6.2. Sonderschüler der Klassen 8 und 9

  • Im Lahn-Dill-Kreis gibt es insgesamt sechs Sonderschulen und eine Schule für Erziehungshilfe, die in das Zentrum für Beratungs- und Erziehungshilfe integriert ist.
     
  • Im Schuljahr 1998/1999 haben 71 Schüler die Klassen 8 und 74 Schüler die Klassen 9 an einer Sonderschule im Lahn-Dill-Kreis besucht.
     
  • In den Sonderschulklassen 9 liegt der Anteil der Jungen mit 65,0% weit über dem der Mädchen.
     
  • Der Anteil der nichtdeutschen Sonderschüler der Klassen 9 beträgt 16,3% und der Aus-/Übersiedleranteil 2,8%.
     
  • Ein Fünftel (20,3%) der Sonderschüler der Klassen 9 wohnen in Wetzlar.
     
  • Der Anteil der Sonderschüler der Klassen 9 an den Jugendlichen der Altersgruppe 15 bis 18 Jahre beträgt im Kreisdurchschnitt 0,9% und liegt in der Gemeinde Dietzhölztal mit 2,3% am höchsten.

 

7.  Kriminalität

7.1. Jugendhilfefälle in Strafsachen

  • Von den in 1999 im Lahn-Dill-Kreis lebenden Jugendlichen unter 21 Jahren haben 1,9% Jugendhilfe in Strafsachen erhalten.
     
  • In den Städten Leun und Solms ist der Anteil straffälliger Jugendlicher an der Bevölkerung unter 21 Jahren mit jeweils 2,5% am höchsten.

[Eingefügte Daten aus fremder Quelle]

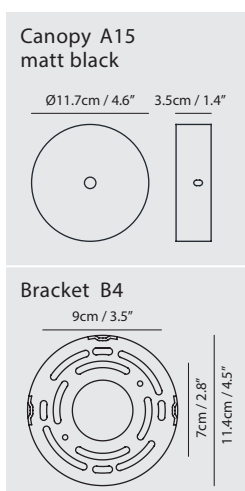

Weight
2.9kg / 6.4lb

Color

- matt black + shiny black shade
- matt black + champagne gold shade

matt black +
champagne gold shade

OLO Φ Table

Model
SLD-130DTE

Material
metal, aluminum, PP

Light Source
LED 6.5W 3000K CRI90 415lm

Feature
Touch dimmer switch

Weight
1.4kg / 3.1lb

Cord
200cm / 78.7"

Color
 matt black + champagne gold shade

matt black + champagne gold shade matt black + shiny black shade

Measurement : centimeter / inches

OLO Φ Wall / Ceiling

Model
SLD-130CW

Material
steel, PP

Light Source
LED 6.5W 3000K CRI 90 415lm

Driver
Built-in dimmable driver (triac dimming)

Weight
0.8kg / 1.8lb

Color
 matt black + champagne gold shade
 matt black + shiny black shade
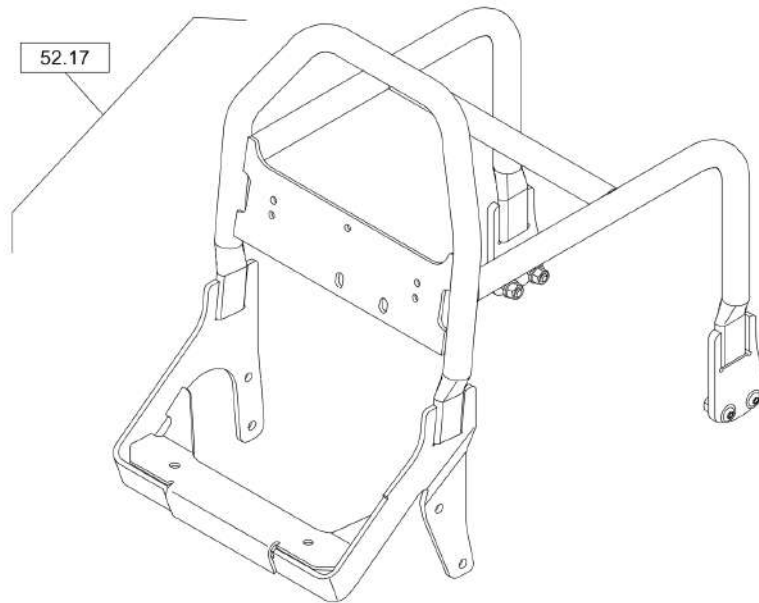

Forward Plate DFP11

Item	Part No.	Qty	Name	SN INFO
0	DL05650122	1	Centrifugal clutch	
1	DL05660548	1	Belt pulley	
2	DL05113306	1	Ball bearing,grooved	
3	DL05660215	1	Spring ring	
4	DL05660777	1	Circlip	
5	DL05660459	1	Hub	
6	DL05660214	2	Centrifugal weight	
7	DL05660174	2	Support with lining	
8	DL05660366	4	Tension spring	
9	DL05660134	2	Cover disc	
10	DL05660807	2	Circlip,external	

Refer to Parts Online for the most up to date information. The printed information might be outdated.

Mon Jun 08 16:17:14 UTC 2026

50 Frame DL92500026_00_050_DFP11-32 Frame with Attachment Parts

Refer to Parts Online for the most up to date information. The printed information might be outdated.

Mon Jun 08 16:17:15 UTC 2026
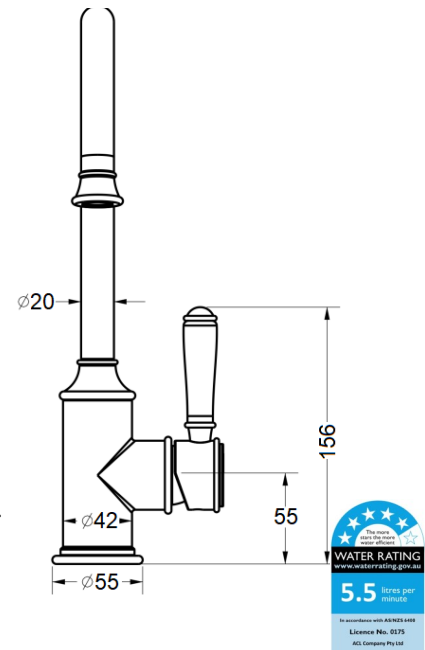

CLASICO GOOSENECK SINK MIXER

HYB868-101*

FINISH: See Above

WORKING PRESSURE: 150-500kpa

OPERATING TEMPERATURE: 1°C—80°C

WELS LICENCE: 0175

WELS: 5 Star 5.5L Per Min, Reg No. T41538

CARTRIDGE TYPE: 35mm Cartridge

WARRANTY:

20 Years Cartridge only

7 Year replacement product and parts

2 Year replacement parts and labour

Maintenance and Care

- Do not use harsh detergents or products that contain chloride & halides.
- Do not use abrasive, cream or citrus based cleaners or hydrochloric acid.
- Surface should be cleaned only with a mild detergent that must be rinsed off.
- It is suggested to only clean with warm water and a soft cloth.
- Damage caused by the wrong cleaning methods used will void warranty.

Warranty Coloured Finish:

2 Years Matt Black. **5 Years** other finishes replacement product & parts.

It is highly recommended an application of sealant at the base of the mixer to ensure a water tight seal.

7.2. Polizeiliche Kriminalstatistik (PKS)

  • In 1999 beträgt im Lahn-Dill-Kreis der Anteil der Tatverdächtigen an der Gesamtbevölkerung 1,8%.
     
  • Den höchsten Anteil an Tatverdächtigen haben die Städte Wetzlar (3,2%) und Herborn (2,5%).
     
  • Differenziert nach Altersgruppen sind 72,5% der Tatverdächtigen über 21 Jahre, 9% sind zwischen 18 und 21 Jahren, 18,2% sind zwischen 8 und 18 Jahre und 0,3% sind zwischen 0 und 7 Jahren alt.
     
  • Gemessen an der Häufigkeitszahl sind in 1999 die meisten Straftaten in den Städten Wetzlar (9.051) und Herborn (6.549) registriert worden.